***** RECORDS TO PROCESS *****

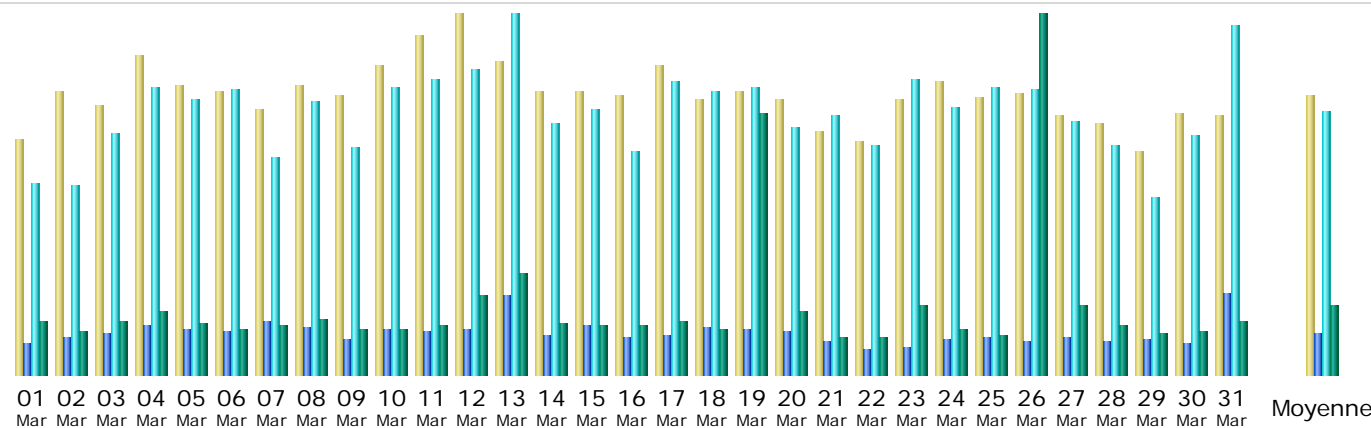

## Résumé

<b>Période d'analyse</b>	Mois Mar 2014				
<b>Première visite</b>	01 Mar 2014 - 00:01				
<b>Dernière visite</b>	31 Mar 2014 - 23:58				
	Visiteurs différents	Visites	Pages	Hits	Bande passante
Trafic 'vu' *	<b>7 570</b>	<b>15 897</b> (2.1 visites/visiteur)	<b>31 208</b> (1.96 Pages/Visite)	<b>196 110</b> (12.33 Hits/Visite)	<b>71.60 Go</b> (4722.98 Ko/Visite)
Trafic 'non vu' *			<b>42 061</b>	<b>140 576</b>	<b>9.64 Go</b>

\* Le trafic 'non vu' est le trafic généré par les robots, vers ou réponses HTTP avec code retour spécial.

## Historique mensuel

Mois	Visiteurs différents	Visites	Pages	Hits	Bande passante
Jan 2014	7 734	15 787	29 331	194 602	88.11 Go
Fév 2014	7 303	14 610	27 276	174 122	50.81 Go
Mar 2014	7 570	15 897	31 208	196 110	71.60 Go
<b>Avr 2014</b>	<b>1 627</b>	<b>2 534</b>	<b>4 365</b>	<b>32 740</b>	<b>8.46 Go</b>
Mai 2014	0	0	0	0	0
Juin 2014	0	0	0	0	0
Juil 2014	0	0	0	0	0
Aoû 2014	0	0	0	0	0

### Jours du mois

Jour	Visites	Pages	Hits	Bande passante
01 Mar 2014	430	736	4 581	1.78 Go
02 Mar 2014	517	903	4 559	1.44 Go
03 Mar 2014	493	988	5 784	1.78 Go
04 Mar 2014	584	1 167	6 925	2.08 Go
05 Mar 2014	530	1 075	6 617	1.72 Go
06 Mar 2014	519	1 020	6 860	1.51 Go
07 Mar 2014	485	1 256	5 226	1.62 Go
08 Mar 2014	528	1 152	6 562	1.84 Go
09 Mar 2014	511	823	5 446	1.50 Go
10 Mar 2014	565	1 074	6 930	1.53 Go
11 Mar 2014	622	1 018	7 081	1.66 Go
12 Mar 2014	660	1 079	7 334	2.66 Go
13 Mar 2014	575	1 894	8 664	3.34 Go
14 Mar 2014	520	940	6 033	1.73 Go
15 Mar 2014	517	1 203	6 400	1.64 Go
16 Mar 2014	512	906	5 368	1.61 Go

*****

## ABOUT THIS TASK:
Copy out every line of the data in which the word "Visiteurs" is found.

## THE ANSWER:
	Visiteurs différents	Visites	Pages	Hits	Bande passante
Mois	Visiteurs différents	Visites	Pages	Hits	Bande passante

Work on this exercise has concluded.